Monday, March 09, 2009

Either very appropriate, or very inappropriate, for Lent

While my car's been in the shop I've been driving my mom's car around (she headed for France the day after the accident-- nice timing.) Mom's car doesn't have a tape deck, so no iPod for me. Instead I spent all week listening to a CD I found between the seats. It was a collection of "Sacred Classics", and I loved track #4. I didn't know the composer or the title of the work; the CD didn't say. And it began with a strangely somber introduction. But then it became a romantic, dramatic, beautiful piece. I couldn't quite say what language it was in-- Latin? Italian? Spanish, even?-- but it made me picture two young lovers triumphing at the end of an opera, having defeated all adversity. I drove around for days listening to this ravishing song and imagining myself flouncing around on the stage in crinolines while the rich-voiced tenor belted it out.

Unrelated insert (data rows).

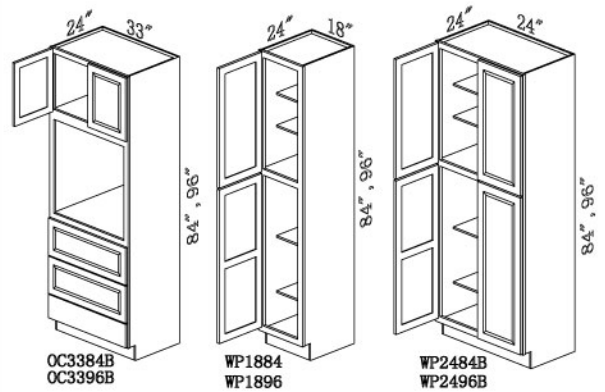

Kitchen & Bath Cabinets

Wall cabinets:

Base cabinets: 34.5"H * 24"D

Pantry and Oven cabinets:

Vanity: 34.5"H * 21"D

Accessories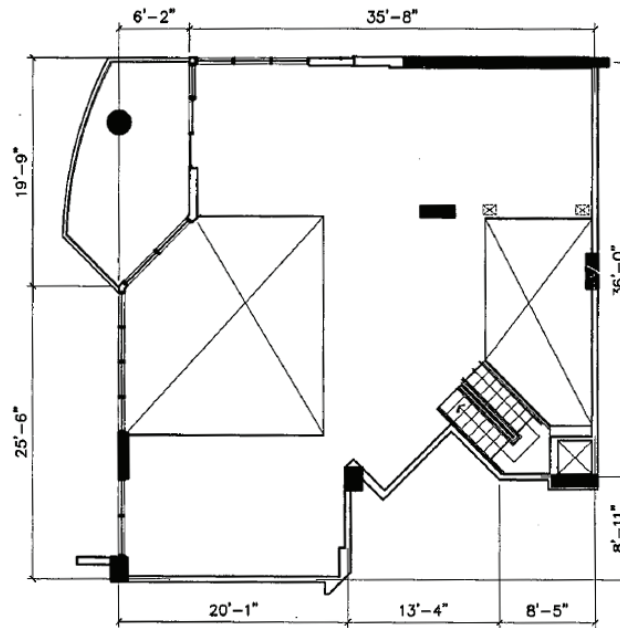

# Condo 306

Interior - 2,662 ft<sup>2</sup> (247.3 m<sup>2</sup>)

Lower Floor

Upper Floor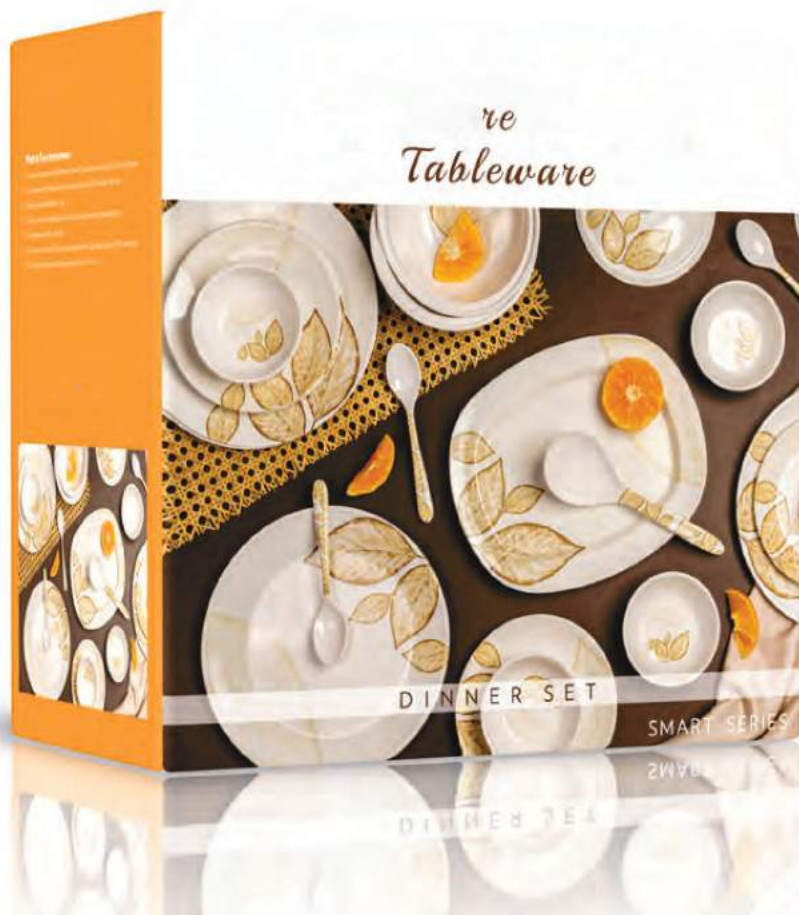

Component	32 Pcs. Dinner Set	24 Pcs. Dinner Set	18 Pcs. Dinner Set	16 Pcs. Dinner Set
Dinner Plate	6	6	6	4
Small Plate	6	6	6	4
Katori	6	6	6	4
Serving Bowl	2	-	-	-
Serving Bowl Lid	2	-	-	-
Serving Spoon	3	-	-	-
Dinner Spoon	6	6	-	4
Oval Rice Plate	1	-	-	-
MRP ₹	2320/-	1590/-	1440/-	1140/-

*Capacity & Size are Indicative Only. Actual's may vary. | Prices are subject to change without notice.

Eventually I dug out the CD case and learned what the song was. Here's a performance of it on YouTube (dark handsome Italian singer for additional viewing pleasure):



Yup. It's an arrangement of Stabat Mater, a famous chant in Latin from the 1200's about the suffering of the Virgin Mary as she stood at the foot of her Son's Cross. Here are the three stanzas in this particular movement, followed by a literal translation:

Cuius animam gementem
contristatam et dolentem
pertransivit gladius.

O quam tristis et afflicta
fuit illa benedicta
mater Unigeniti!

Quae maerebat et dolebat
et tremebat cum videbat
nati poenas incliti.


Through her weeping soul,
compassionate and grieving,
a sword passed.

O how sad and afflicted
was that blessed
Mother of the Only-begotten!

Who mourned and grieved
and trembled with seeing
the torment of her glorious Son.


So, not so much flouncing around stage, then. I freely admit I know very little about classical music, but someone please tell me I'm not crazy for thinking that Rossini was crazy to compose that kind of music for those words!

4 comments:

Anonymous said...

Perhaps Rossini had a vivid imagination or very pasionate about his passions? Either way he's nuts for creating a musical score for those sacred lyrics.

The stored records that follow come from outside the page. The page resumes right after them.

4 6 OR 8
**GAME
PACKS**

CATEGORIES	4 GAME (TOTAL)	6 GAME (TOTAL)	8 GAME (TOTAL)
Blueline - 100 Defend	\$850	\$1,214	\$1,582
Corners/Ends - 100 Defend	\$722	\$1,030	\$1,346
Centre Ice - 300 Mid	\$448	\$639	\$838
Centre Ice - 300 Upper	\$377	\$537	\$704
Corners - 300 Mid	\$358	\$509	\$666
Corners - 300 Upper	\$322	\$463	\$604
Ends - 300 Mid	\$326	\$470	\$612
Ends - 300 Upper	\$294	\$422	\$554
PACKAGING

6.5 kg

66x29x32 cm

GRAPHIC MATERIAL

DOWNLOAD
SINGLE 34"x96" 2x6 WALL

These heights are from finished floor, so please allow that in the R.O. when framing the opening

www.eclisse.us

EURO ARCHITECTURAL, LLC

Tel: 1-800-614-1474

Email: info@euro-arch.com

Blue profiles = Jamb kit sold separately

Never trust an Italian! :)

Ciao for now!

JimAroo said...

On the other hand 100% of those who comment on this topic are Italian.

Check out Haydn's Seven Last Words which can be used as a musical setting for the Seven Last Words service on Good Friday. It is perfectly fitting. Look at You tube and you can see a separate recording for each "word".

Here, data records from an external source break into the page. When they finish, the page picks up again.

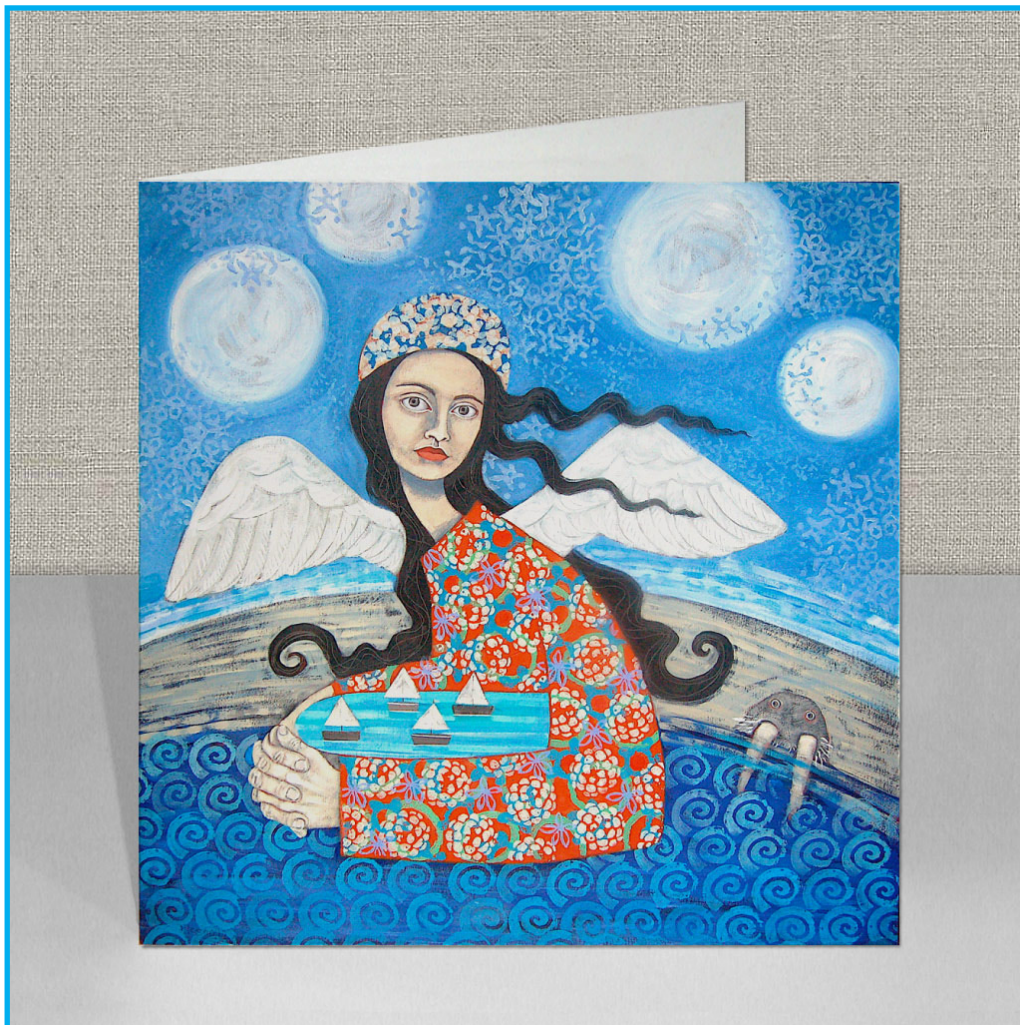

INGRID NILSSON

GREETING CARDS

DORICMOR

FINE ART publishers &
GICLÉE printers

48 West Bowling Green Street, Edinburgh, EH6 5PB.

Tel: 0131 553 2772 or 0845 130 0108

sales@doricmor.com | www.yourdoricmor.com

But I guess Rossini could only sound like a 19th Century Italian Romantic - no matter what the words meant.

Try Dvorak's version of the Stabat Mater for more solemnity:
http://www.youtube.com/watch?v=E31TiDfWY5Y

Vocal only with the master of sacred music, Palestrina:
http://www.youtube.com/watch?v=bPnufDDPXFY

Rachel said...

You crazy Italians. My English, German, Scottish and Swedish blood has no idea what to do with you.

(Next week I'll be Irish and then I'll feel more affinity!)

I'm definitely going to check those out, Jim-- thanks!

Rachel said...

I've checked out the YouTube videos. Palestrina was great! I think they must perform his stuff at the weekly TLM at St. Therese in Alhambra, because a lot of the chant sounds like that-- really beautiful.